Not everybody possesses Browning's gift for hiding behind multiple personalities. Quite a few poets prefer to keep their admirers happy with a clutch of autobiographical snapshots, like those anthology postcards sold in art cities and seaside resorts. Carol Ann Duffy's New Selected Poems 1984-2004 is generous with these glimpses, especially as regards love and childhood. She documents passion in its various zigzags, drastic or trivial, with unselfconscious eloquence. Instead of trite hearts and flowers, her 'Valentine' offers an onion as the ultimate emblem of emotional intensity, 'a moon wrapped in brown paper' whose 'platinum loops' become a wedding ring, but which can also blind the lover with tears even as its lingering scent invokes lethal enchantments. The authenticity of a poem like 'Correspondents', in which an adulterous couple construct a shining world of stratagems and lies, is charged with a delight in the creative energy fuelling the process. Desire, stifled more often than gratified, adds a sulphurous glow to the eroticism of 'Warming

her Pearls', where the voice is that of a lady's maid yearning for the caresses of the mistress whose jewellery she has briefly worn, Schooldays, for so many poets miserable or just grindingly prosaic, retain a bittersweet allure for Duffy. The habit of making all-or-nothing judgments — simply the best, easily the greatest etcetera — is generally to be eschewed, but there are plenty of reasons for hailing 'In Mrs Tilscher's Class' as the finest poem ever written about growing up at school. In its first stanza, the opening window reveals glimpses of child-murderers and mother surrogates. Tadpoles no sooner turn into frogs than 'a rough boy told you how you were born'. Parents, thus transmuted into original sinners, become objects of bemused horror. Mrs Tilscher would rather not offer her own version of how such things happen, and the window turns into a 'heavy, sexy sky' split open by the lightning-flash of puberty.

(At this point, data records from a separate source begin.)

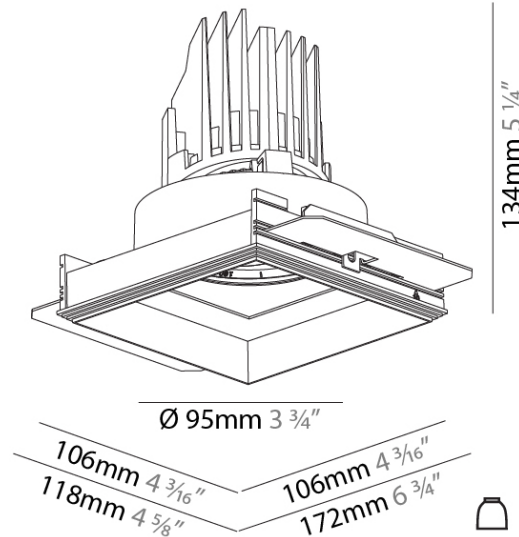

ELECTRICAL

Lamp Type: LED (Zhaga Standard)
Input Wattage (W): 15.5
Total Output Wattage (W): 14.5
Dimming: Tri-Mode (Non-Dimming and Phase Dimming (120Vac only) and 0-10V Dimming)
Driver Included: No
Driver Location: Recessed Housing
Driver Type: Constant Current - Universal
Driver Class: Class 2
Housing: See components
Input Voltage (V): 120 - 277
Constant Current (MA): 500

LED

Number of LEDs: 1
[Color Temperature (°K): 2700 / 3000 / 3500 / 4000](#)
Max. Delivered Lumen (lm): 940 / 980 / 1029 / 1050
Nominal Lumen (lm): 1386 / 1438 / 1511 / 1542
CRI: >90 CRI
Efficiency (%): 87.9 / 88.4 / 87.9
Lamp Life (hrs): 50000
Upon Request: RGB-W Tunable White Special Color Temperature
Special LED

OPTICAL

[Reflector°: 20 / 40 / 60](#)
Adjustability: Rotational 355°; Tilt 30°
Upon Request: Special Beam Angles

RATINGS AND CERTIFICATIONS

© 2024 Zaneen Inc. 1-800-888-3382, F 416-247-9319, www.zaneen.com

Available for international specifications by adding "INT" at the end of the existing Model #. For assistance on 'custom' specifications, contact zteam@zaneen.com. In a constant effort to supply the best product, we reserve the right to change specifications or materials without notice. The most recent specification sheets are found at zaneen.com
IP rating: IP20
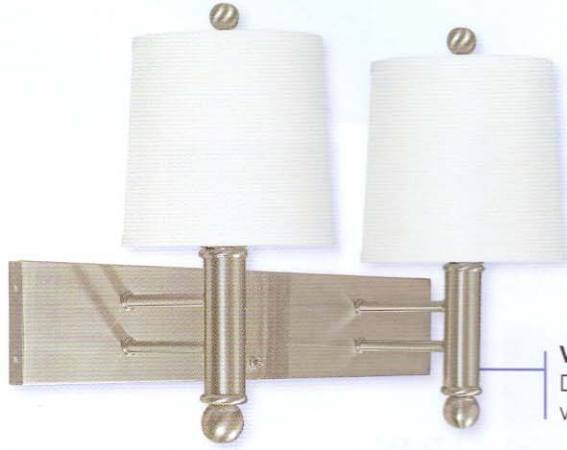

WLD2702
Double Wall Lamp
with Two Outlets
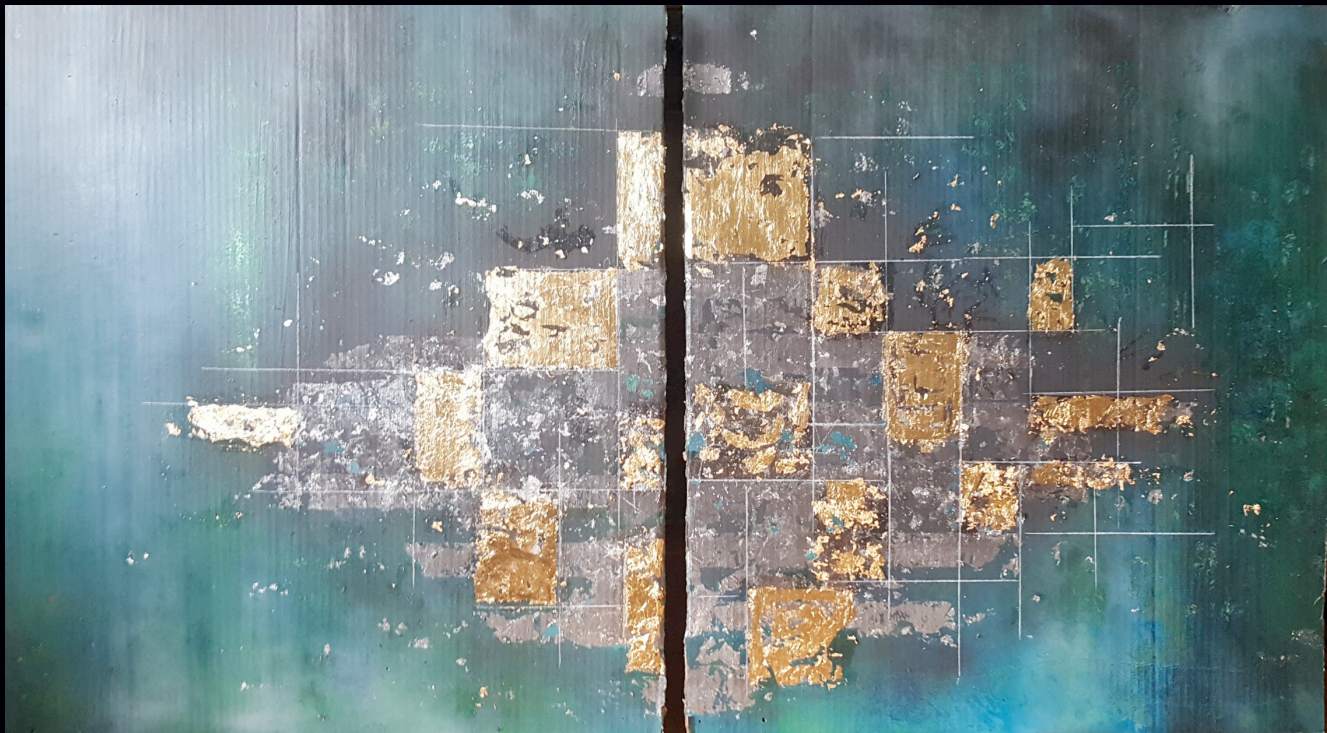

IN 2019 I WILL PRESENT THE SERIES OF WORK "RORSCHACH 3D" AND IN 2020 A COMBINATION OF PAINTINGS AND SMELLING.

YOU CAN FIND AN OVERVIEW OF MY WORK AT

WWW.ATELIER-PADERBORN.DE

EXHIBITION "FIBONACCI, LICHT & FARBE
8. MAI BIS 9. JUNI 2018
STADTBIBLIOTHEK PADERBORN

"EAGLE" SPRAY PAINT ON CREPE 20x25

"IMAGINE" SPRAY PAINT ON CREPE 100x50

SMELL & SEE
ANOUNCEMENT 2020

"WINTER 1" SPRAY PAINT ON CANVAS 100x100

"WINTERNIGHT" SPRAY PAINT, SALT AND SUGAR ON CANVAS 80x80

"ATLANTIS" SPRAY PAINT, GOLD LEAF CHALK ON CARDBOARD 200x140
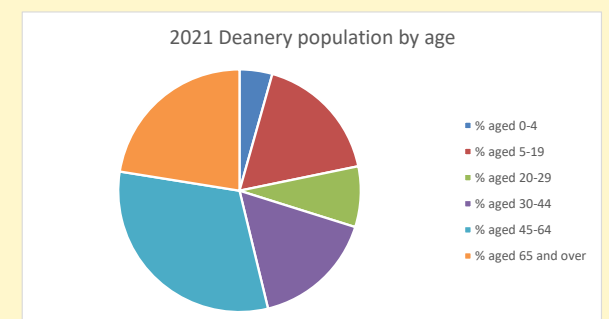

That is a total of **106** children and young people

In 2023 your child average weekly attendance was **1**

NB different age groups: 5-17 in 2011, 5-19 in 2021

Parish code: 270733

Number of churches in parish (2022): 1

Was there a Mr Tilscher, who somehow never got a chance to speak'? In a monologue sequence The World's Wife' Duffy imagines female partners and alter egos, mythical or historical, having their say at last. Mrs Midas takes her husband's golden touch as a metaphor of male selfishness, refusing to acknowledge the truth at the core of fantasy. Mrs Aesop, bored with endless fables and indifferent sex, threatens castration via her own parable of 'a little cock that wouldn't crow', while `Pygmalion's Bride', resistant to the sculptor's efforts to turn her marble into flesh, realises too late that she has lost him for good.

Duffy's leering, larky wit burrows within her favourite stanza forms like a grub inside an apple. She enjoys the different noises of buzzwords and brand-names, the argot of tabloid headlines and the echo of half-forgotten pop songs. Sometimes her grip slackens and the beady eye grows misty with sentimentality. The deliberate feminist posture of the collection's most recent poems hampers rather than nurtures her maverick individuality, as if political party bosses had told her what she ought to be writing. It's a less predictable creature altogether who inhabits the most enticing rooms at this particular address.